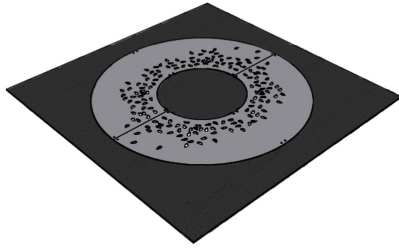

Référence : A 060811 IND A
Produit : Grille d'arbres ronde
Collection : Vitalité

Descriptif :

Ressource, un mobilier puissant aux confins de l'organique et du minéral. L'arbre dans l'espace urbain est un patrimoine collectif à protéger. La grille Ressource permet de préserver l'enracinement de ces individus isolés. Elle repose sur un châssis à sceller.

Grille ronde Ø 1,50m - Intérieur: Ø 0,60m

Variantes disponibles :

Grille carrée 0,80x0,80m - Intérieur Ø0,50m (Ref. 12.13)

Grille carrée 1,50x1,50m - Intérieur Ø0,60m (Ref. A 060801 IND A)

Grille carrée 2,50x2,50m - Intérieur Ø1,10m (Ref. 327.12)

Fixation : Châssis à sceller

Infos complémentaires : Autres dimensions

Matériaux, revêtements, couleurs :

- Ensemble mcano-soudé en acier apte à la galvanisation à chaud
- Galvanisation à chaud des produits finis (+/-55 microns)
- Thermo laquage, poudre thermodurcissable à base de résine polyester (Minimum 60microns)
- Mise à la teinte au choix dans nos collections RAL, RAL Fine Textured conseillé, Sablé conseillé
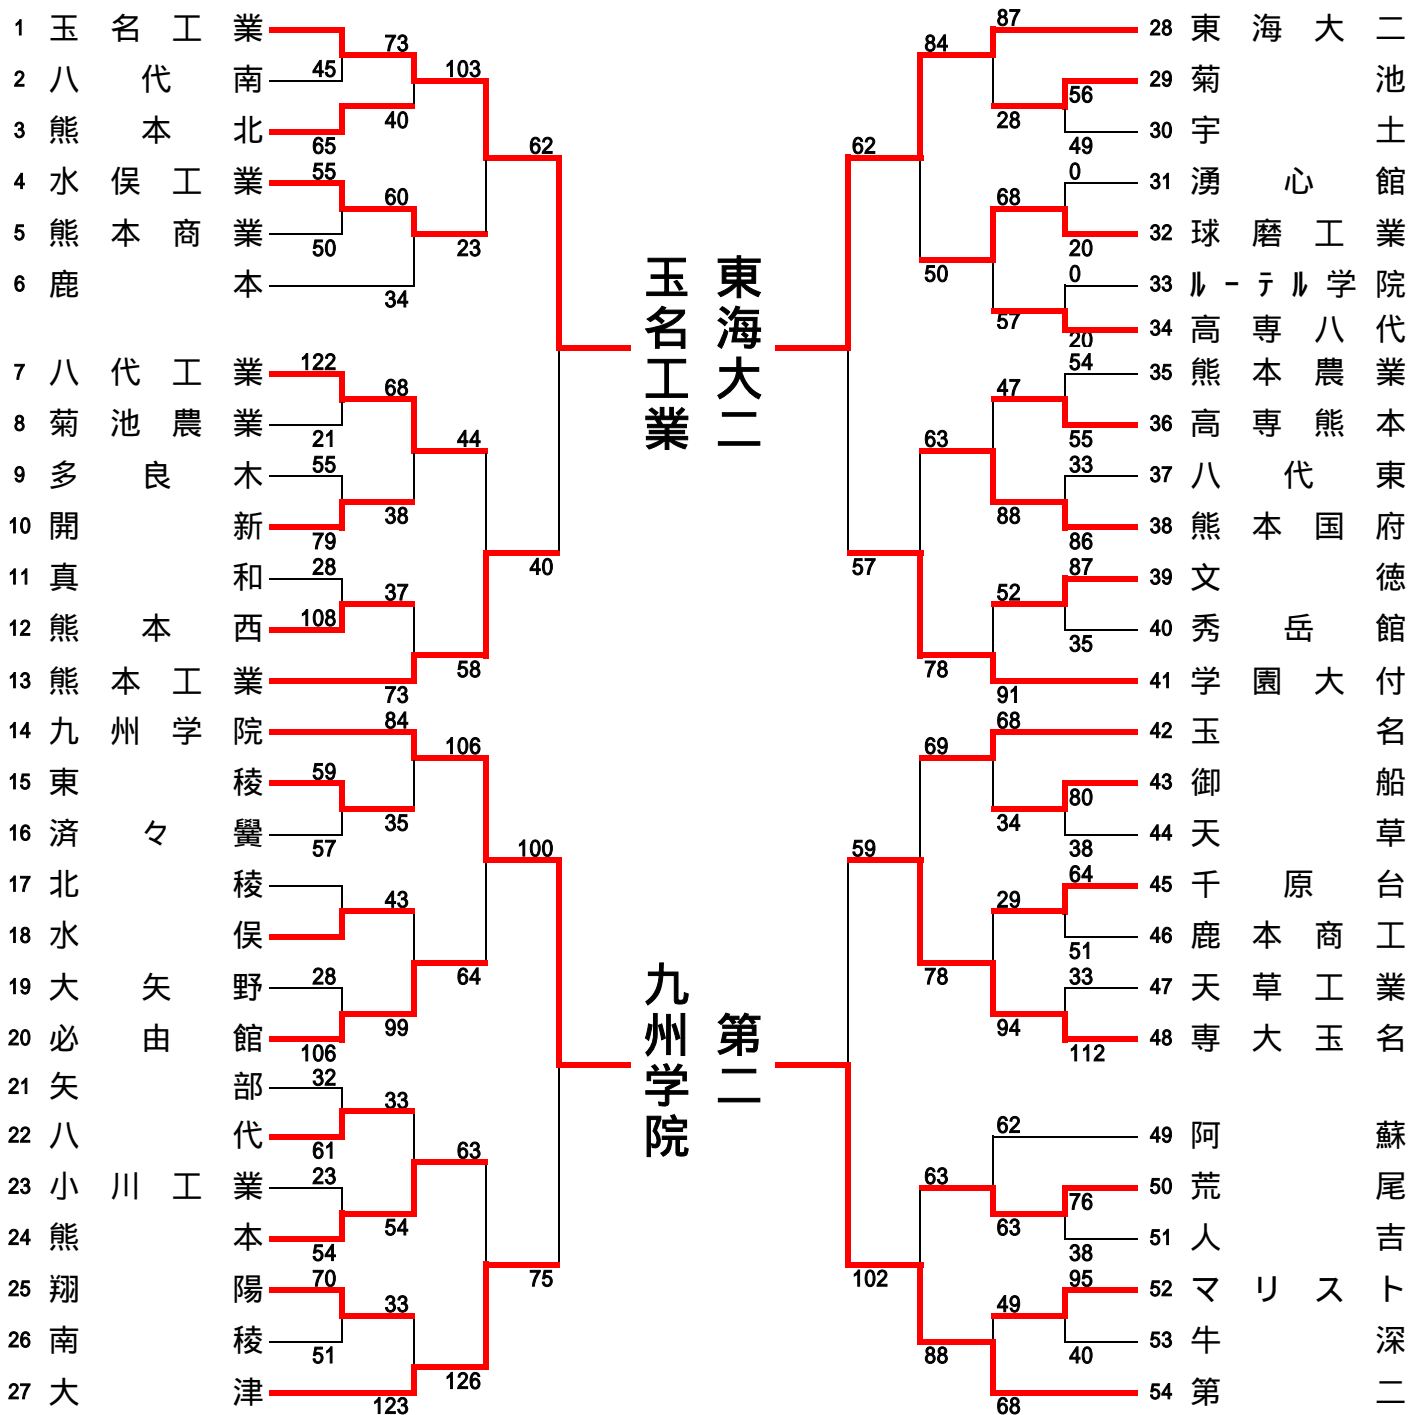

平成21年度熊本県下高等学校新人バスケットボール大会男子組合せ

				会場別・コート別試合数									
期日		曜日	試合開始	東海大二		熊本高校		熊本農業		第二高校		玉名市総合体育館	
			競技時間	Aコート	Bコート	Cコート	Dコート	Eコート	Fコート	Gコート	Hコート	M・Lコート	
平成22年1月9日		土	9:00	8-2-7-8-2-8	*	*	*	*	7ゲーム	7ゲーム	7ゲーム	6ゲーム	*
平成22年1月10日		日	9:00	8-2-7-8-2-8	7ゲーム	6ゲーム	7ゲーム	6ゲーム	6ゲーム	6ゲーム	6ゲーム	6ゲーム	*
平成22年1月11日		月	9:00	10分正式4Q	6ゲーム	6ゲーム	6ゲーム	6ゲーム	*	*	*	*	*
平成22年1月16日		土	13:00	10分正式4Q	*	*	*	*	*	*	*	*	4ゲーム
平成22年1月17日		日	10:00	10分正式4Q	*	*	*	*	*	*	*	*	8ゲーム

平成21年度熊本県高等学校新人バスケットボール大会女子組合せ

期 日	会 場 別 ・ コ ー ト 別 試 合 数												
	東海大二高校 A・B			熊本高校 C・D			熊本農業高校 E・F			第二高校 G・H			玉名市総合体育館 L・M
	会場	審判	報道	会場	審判	報道	会場	審判	報道	会場	審判	報道	会場・審判・報道
1月9日(土)	*	*	*	*	*	*	澤村	上村	友川	前田	森田	菊池	*
1月10日(日)	西村	西村	友川	福本	森田	吉野	澤村	上村	上村	前田	前田	菊池	*
1月11日(月)	西村	吉野	友川	福本	森田	上村	*	*	*	*	*	*	*
1月16日(土)	*	*	*	*	*	*	*	*	*	*	*	*	専門委員全員
1月17日(日)	*	*	*	*	*	*	*	*	*	*	*	*	専門委員全員

Requirement: Transcribe the whole listing exactly but exclude images.

Exercise solution:
Référence : A 060811 IND A
Produit : Grille d'arbres ronde
Collection : Vitalité

Descriptif :

Ressource, un mobilier puissant aux confins de l'organique et du minéral. L'arbre dans l'espace urbain est un patrimoine collectif à protéger. La grille Ressource permet de préserver l'enracinement de ces individus isolés. Elle repose sur un châssis à sceller.

Grille ronde Ø 1,50m - Intérieur: Ø 0,60m

Variantes disponibles :

Grille carrée 0,80x0,80m - Intérieur Ø0,50m (Ref. 12.13)

Grille carrée 1,50x1,50m - Intérieur Ø0,60m (Ref. A 060801 IND A)

Grille carrée 2,50x2,50m - Intérieur Ø1,10m (Ref. 327.12)

Fixation : Châssis à sceller

Infos complémentaires : Autres dimensions

Matériaux, revêtements, couleurs :

- Ensemble mcano-soudé en acier apte à la galvanisation à chaud
- Galvanisation à chaud des produits finis (+/-55 microns)
- Thermo laquage, poudre thermodurcissable à base de résine polyester (Minimum 60microns)
- Mise à la teinte au choix dans nos collections RAL, RAL Fine Textured conseillé, Sablé conseillé

平成21年度熊本県下高等学校新人バスケットボール大会男子組合せ

				会場別・コート別試合数									
期日		曜日	試合開始	東海大二		熊本高校		熊本農業		第二高校		玉名市総合体育館	
			競技時間	Aコート	Bコート	Cコート	Dコート	Eコート	Fコート	Gコート	Hコート	M・Lコート	
平成22年1月9日		土	9:00	8-2-7-8-2-8	*	*	*	*	7ゲーム	7ゲーム	7ゲーム	6ゲーム	*
平成22年1月10日		日	9:00	8-2-7-8-2-8	7ゲーム	6ゲーム	7ゲーム	6ゲーム	6ゲーム	6ゲーム	6ゲーム	6ゲーム	*
平成22年1月11日		月	9:00	10分正式4Q	6ゲーム	6ゲーム	6ゲーム	6ゲーム	*	*	*	*	*
平成22年1月16日		土	13:00	10分正式4Q	*	*	*	*	*	*	*	*	4ゲーム
平成22年1月17日		日	10:00	10分正式4Q	*	*	*	*	*	*	*	*	8ゲーム

平成21年度熊本県高等学校新人バスケットボール大会女子組合せ

期 日	会 場 別 ・ コ ー ト 別 試 合 数												
	東海大二高校 A・B			熊本高校 C・D			熊本農業高校 E・F			第二高校 G・H			玉名市総合体育館 L・M
	会場	審判	報道	会場	審判	報道	会場	審判	報道	会場	審判	報道	会場・審判・報道
1月9日(土)	*	*	*	*	*	*	澤村	上村	友川	前田	森田	菊池	*
1月10日(日)	西村	西村	友川	福本	森田	吉野	澤村	上村	上村	前田	前田	菊池	*
1月11日(月)	西村	吉野	友川	福本	森田	上村	*	*	*	*	*	*	*
1月16日(土)	*	*	*	*	*	*	*	*	*	*	*	*	専門委員全員
1月17日(日)	*	*	*	*	*	*	*	*	*	*	*	*	専門委員全員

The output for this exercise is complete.